The phase of the schema file that can be received in DataStage 8.7 is as follows.

Sequential File

File Set

Column Import

Column Export

External Source

External Target

This article begins with a description of the settings that are supported by the Runtime column extension project level, and how to create a schema file. Next will be based on years of business Intelligence project experience, virtual out of the typical RCP use scenario, step-by-step implementation of RCP in Infosphere DataStage use, give each detail, including the design of the job, each phase of the parameter settings, detailing how RCP is in the ETL to reuse Dat Astage operations to improve the quality of data processing operations.

Start using RCP

Project-level settings support RCP

Open the Administrator Client, open the login interface as shown in Figure 1 below, enter the server address and port number for the Infosphere Information Server, the default port number is 9080, enter the username password, click the following list box, select the installed Infosphere Information Server's engine name, all selected complete, click Login.

Figure 1. Administrator Client Login window

Login success, you will enter the following figure 2 of the Project Selection window, click Projects tab, select the correct item, click the attribute, enter the property Selection window.

Figure 2. Project Selection window

Select the Properties window for the project, as shown in Figure 3 below, and select Enable Runtime Column propagation for Parallel Jobs.

Figure 3. Project Properties Settings window

Contact Us

The content source of this page is from Internet, which doesn't represent Alibaba Cloud's opinion; products and services mentioned on that page don't have any relationship with Alibaba Cloud.

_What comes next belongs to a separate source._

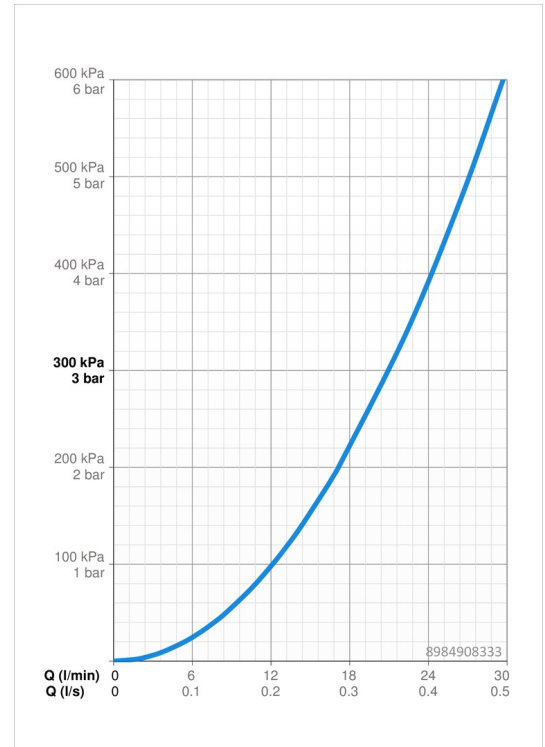

Zulassungen und Deklarationen

DVGW **DW-6506CS0196**
SVGW **1805-6754**

If the content of the page makes you feel confusing, please write us an email, we will handle the problem within 5 days after receiving your email.

If you find any instances of plagiarism from the community, please send an email to: info-contact@alibabacloud.com and provide relevant evidence. A staff member will contact you within 5 working days.

A Free Trial That Lets You Build Big!

Start building with 50+ products and up to 12 months usage for Elastic Compute Service

  • Sales Support

    1 on 1 presale consultation

  • After-Sales Support

    24/7 Technical Support 6 Free Tickets per Quarter Faster Response

  • Alibaba Cloud offers highly flexible support services tailored to meet your exact needs.